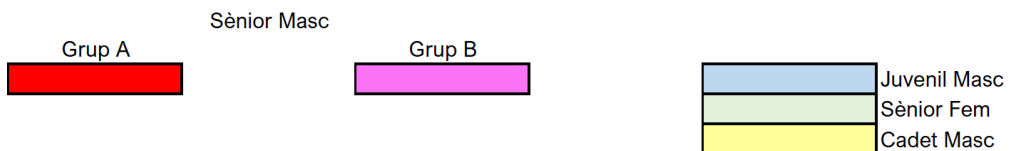

| DISSABTE | | |
|-------------|--|---|
| | Camp A (grades) | Camp B |
| 8.30-9.30 | CF Platja Torredembarra-Platense Calafell | CF Platja Vilanova - Reus Roig i Negre CF |
| 9.30-10.30 | EF Bonaire - CF Platja Torredembarra | Platense Calafell - Roses Platja |
| 10.30-11.30 | CF Platja Torredembarra-Roses Platja "B" | EF Bonaire - Roses Platja "A" |
| 11.30-12.30 | Reus Roig i Negre CF - Roses Platja | Marina Cambrils AE - Platense Calafell |
| | | |
| 17.00-18.00 | EF Bonaire - Marina Cambrils AE | CF Platja Torredembarra - Roses Platja |
| 18.00-19.00 | CF Platja Torredembarra - Marina Cambrils AE | Roses Platja - CF Platja Vilanova |
| 19.00-20.00 | Final Sènior Femení | Final Cadet |
| 20.00-21.00 | Final Sènior Masculí | Final Juvenil |

Sènior masculí

En categoria Sènior masculí hi haurà dos grups de tres equips cadascun. El format de competició serà una lligueta, i el primer classificat de cada grup passarà a la final. En el Grup A hi trobem el **Marina Cambrils AE**, el **Platense Calafell** i el **CF Platja Torredembarra**. I en el Grup B hi jugarà el **Roses Platja**, el **Platja Vilanova CF** i el **Reus Roig i Negre CF**.
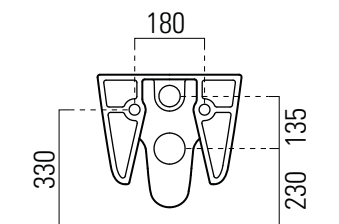

Note

1 - Non è consigliato l'impiego di cassette di scarico esterne o impianti dotati di rubinetto flussometro.
We do not recommend the use of external flushing cisterns or systems endowed with flushometer valves.

2- Extraglaze solo per smaltatura lucida
Extraglaze only for glossy glaze

....

What is needed is a word-for-word copy of the data, minus its pictures.

* RESULT OF THE TASK
| DISSABTE | | |
|-------------|--|---|
| | Camp A (grades) | Camp B |
| 8.30-9.30 | CF Platja Torredembarra-Platense Calafell | CF Platja Vilanova - Reus Roig i Negre CF |
| 9.30-10.30 | EF Bonaire - CF Platja Torredembarra | Platense Calafell - Roses Platja |
| 10.30-11.30 | CF Platja Torredembarra-Roses Platja "B" | EF Bonaire - Roses Platja "A" |
| 11.30-12.30 | Reus Roig i Negre CF - Roses Platja | Marina Cambrils AE - Platense Calafell |
| | | |
| 17.00-18.00 | EF Bonaire - Marina Cambrils AE | CF Platja Torredembarra - Roses Platja |
| 18.00-19.00 | CF Platja Torredembarra - Marina Cambrils AE | Roses Platja - CF Platja Vilanova |
| 19.00-20.00 | Final Sènior Femení | Final Cadet |
| 20.00-21.00 | Final Sènior Masculí | Final Juvenil |

Sènior masculí

En categoria Sènior masculí hi haurà dos grups de tres equips cadascun. El format de competició serà una lligueta, i el primer classificat de cada grup passarà a la final. En el Grup A hi trobem el **Marina Cambrils AE**, el **Platense Calafell** i el **CF Platja Torredembarra**. I en el Grup B hi jugarà el **Roses Platja**, el **Platja Vilanova CF** i el **Reus Roig i Negre CF**.

Note

1 - Non è consigliato l'impiego di cassette di scarico esterne o impianti dotati di rubinetto flussometro.
We do not recommend the use of external flushing cisterns or systems endowed with flushometer valves.

2- Extraglaze solo per smaltatura lucida
Extraglaze only for glossy glaze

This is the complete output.